Thu Feb 7 10:33:08 PST 2008

Hi!

On Feb 7, 2008, at 7:08 PM, J Chapman Flack wrote:

> In some previous thread I glimpsed a statement passing by suggesting
> that ANTLR 3 currently generates a lexer that tokenizes the entire
> input before parsing begins.

That is the out-of-the-box behavior, right.

> 1. Did I hear that right?  (If not, can someone give a quick summary  
> of
>   the right way to understand how an ANTLR 3 lexer really does manage
>   its input character stream and output token stream buffers?  In that
>   case, some of the rest of this message may become moot.)
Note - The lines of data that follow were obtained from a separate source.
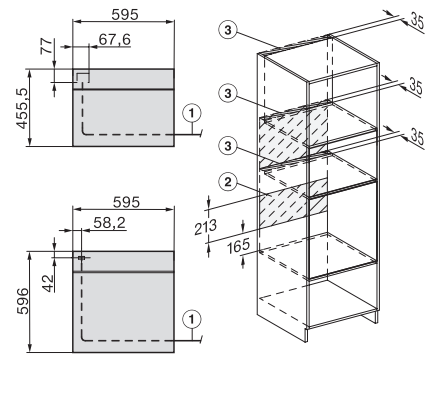

H 7860 BP

Pečnica

u savršeno usklađenoj izvedbi s termometrom za hranu i BrillantLight.

installation H7000 XL, installation drawing

side view H7000 XL, installation drawings

built-in H7000 XL, installation drawing

Installation H7000 XL underframe, installation drawings

H7000 handle, installation drawing

Installation H7000 BM XL, installation drawings

side view H7000 XL build-under, installation drawing

side view Kombi BM XL, installation drawings

But there's more to the story:
A lexer is passed the character stream (via a stringstream object or  
similar) and
will ask it for chars.
The lexer itself only knows how to get the next token (via nextToken()  
in interface TokenSource for Java).

It is the fillBuffer method in CommonTokenStream that actually is  
responsible for pulling in all the tokens. If you do now want this  
behavior (maybe because you are reading input from a socket or pipe)  
you could easily provide a different buffered or unbuffered  
TokenStream implementation.

The parser uses the TokenStream interface to get new tokens as it  
needs lookahead information or wants to seek on the stream (or  
whatever you do in actions/sempreds etc).

I think that answers the question, right?

HTH,
-k
-- 
Kay Röpke
http://classdump.org/